(Dataset entries)
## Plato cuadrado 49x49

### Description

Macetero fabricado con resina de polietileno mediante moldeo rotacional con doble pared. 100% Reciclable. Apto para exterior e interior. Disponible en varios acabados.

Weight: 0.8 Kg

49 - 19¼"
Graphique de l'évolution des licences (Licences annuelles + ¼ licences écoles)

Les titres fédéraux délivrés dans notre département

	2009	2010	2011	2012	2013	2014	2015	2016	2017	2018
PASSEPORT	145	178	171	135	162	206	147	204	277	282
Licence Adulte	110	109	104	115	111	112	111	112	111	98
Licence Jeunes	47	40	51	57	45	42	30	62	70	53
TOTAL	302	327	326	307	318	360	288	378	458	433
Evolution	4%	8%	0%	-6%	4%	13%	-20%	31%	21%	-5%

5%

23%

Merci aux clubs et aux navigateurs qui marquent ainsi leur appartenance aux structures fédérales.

* * *

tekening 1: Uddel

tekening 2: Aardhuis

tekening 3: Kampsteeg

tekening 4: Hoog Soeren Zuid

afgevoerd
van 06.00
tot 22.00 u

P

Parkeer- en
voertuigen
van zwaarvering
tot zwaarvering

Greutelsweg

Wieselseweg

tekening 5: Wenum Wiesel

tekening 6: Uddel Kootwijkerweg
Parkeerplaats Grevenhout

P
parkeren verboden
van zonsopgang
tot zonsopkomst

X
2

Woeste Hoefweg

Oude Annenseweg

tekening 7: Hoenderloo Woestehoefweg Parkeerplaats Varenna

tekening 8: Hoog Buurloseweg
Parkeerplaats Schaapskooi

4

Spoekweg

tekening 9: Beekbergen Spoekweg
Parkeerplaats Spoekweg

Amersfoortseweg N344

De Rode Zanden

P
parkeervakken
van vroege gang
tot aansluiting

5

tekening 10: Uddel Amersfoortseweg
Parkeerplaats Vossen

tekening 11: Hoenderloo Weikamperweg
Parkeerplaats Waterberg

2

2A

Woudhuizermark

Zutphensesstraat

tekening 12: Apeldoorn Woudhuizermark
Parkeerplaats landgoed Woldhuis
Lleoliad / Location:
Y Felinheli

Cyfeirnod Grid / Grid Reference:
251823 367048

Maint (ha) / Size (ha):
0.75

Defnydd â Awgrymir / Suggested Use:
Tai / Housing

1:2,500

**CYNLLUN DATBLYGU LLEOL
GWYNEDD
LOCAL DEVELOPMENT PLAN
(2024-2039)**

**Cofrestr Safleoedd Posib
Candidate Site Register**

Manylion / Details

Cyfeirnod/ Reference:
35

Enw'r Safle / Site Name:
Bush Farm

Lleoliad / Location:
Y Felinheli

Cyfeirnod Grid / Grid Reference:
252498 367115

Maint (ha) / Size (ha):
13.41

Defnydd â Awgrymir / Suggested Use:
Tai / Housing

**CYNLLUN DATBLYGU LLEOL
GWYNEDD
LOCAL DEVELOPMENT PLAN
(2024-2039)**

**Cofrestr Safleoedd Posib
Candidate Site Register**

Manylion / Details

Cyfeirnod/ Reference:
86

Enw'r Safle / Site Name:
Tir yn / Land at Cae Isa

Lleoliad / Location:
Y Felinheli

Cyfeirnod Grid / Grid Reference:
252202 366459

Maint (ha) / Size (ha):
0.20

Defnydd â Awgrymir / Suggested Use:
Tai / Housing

Task instructions
Look above for the line with "## Plato cuadrado 49x49" and the line with "Merci aux clubs", and reproduce exactly those two lines plus every line between, nothing more.

Response below
## Plato cuadrado 49x49

### Description

Macetero fabricado con resina de polietileno mediante moldeo rotacional con doble pared. 100% Reciclable. Apto para exterior e interior. Disponible en varios acabados.

Weight: 0.8 Kg

49 - 19¼"
Graphique de l'évolution des licences (Licences annuelles + ¼ licences écoles)

Les titres fédéraux délivrés dans notre département

	2009	2010	2011	2012	2013	2014	2015	2016	2017	2018
PASSEPORT	145	178	171	135	162	206	147	204	277	282
Licence Adulte	110	109	104	115	111	112	111	112	111	98
Licence Jeunes	47	40	51	57	45	42	30	62	70	53
TOTAL	302	327	326	307	318	360	288	378	458	433
Evolution	4%	8%	0%	-6%	4%	13%	-20%	31%	21%	-5%

5%

23%

Merci aux clubs et aux navigateurs qui marquent ainsi leur appartenance aux structures fédérales.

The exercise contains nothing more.